33 He among the sons of Aaron who offers the blood of the peace offerings, and the fat, shall have the right thigh for a portion.
Harunoğulları arasında esenlik sunusunun kanını ve yağını kim sunuyorsa, sağ but onun payı olacak.
34 For the waved breast and the heaved thigh I have taken from the children of Israel out of the sacrifices of their peace offerings, and have given them to Aaron the priest and to his sons as their portion forever from the children of Israel.’”
İsrail halkının sunduğu esenlik kurbanlarından sallamalık döşü ve bağış olarak sunulan budu aldım. İsrail halkının payı olarak bunları sonsuza dek Kâhin Harun'la oğullarına verdim.’”
35 This is the consecrated portion of Aaron, and the consecrated portion of his sons, out of the offerings of the LORD made by fire, in the day when he presented them to minister to the LORD in the priest’s office;
Harun'la oğulları kâhin atandıkları gün RAB için yakılan sunulardan paylarına bu düştü.
36 which the LORD commanded to be given them of the children of Israel, in the day that he anointed them.
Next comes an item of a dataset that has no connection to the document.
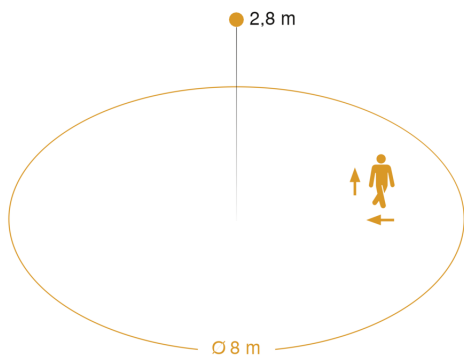

HF 3360

PF - Unterputz eckig
EAN 4007841 033705
Art.-Nr. 033705

Sensorerfassungsbereich

It is their portion forever throughout their generations.
RAB onları meshettiği gün İsrail halkına buyruk vermişti. Adağın bu parçaları gelecek kuşaklar boyunca onların payı olacaktı.
37 This is the law of the burnt offering, the meal offering, the sin offering, the trespass offering, the consecration, and the sacrifice of peace offerings
Yakmalık, tahıl, suç, günah, atanma sunularının ve esenlik kurbanlarının yasası budur.
38 which the LORD commanded Moses in Mount Sinai in the day that he commanded the children of Israel to offer their offerings to the LORD, in the wilderness of Sinai.
RAB, bu buyruğu çölde, Sina Dağı'nda İsrail halkından kendisine sunu sunmalarını istediği gün Musa'ya vermişti.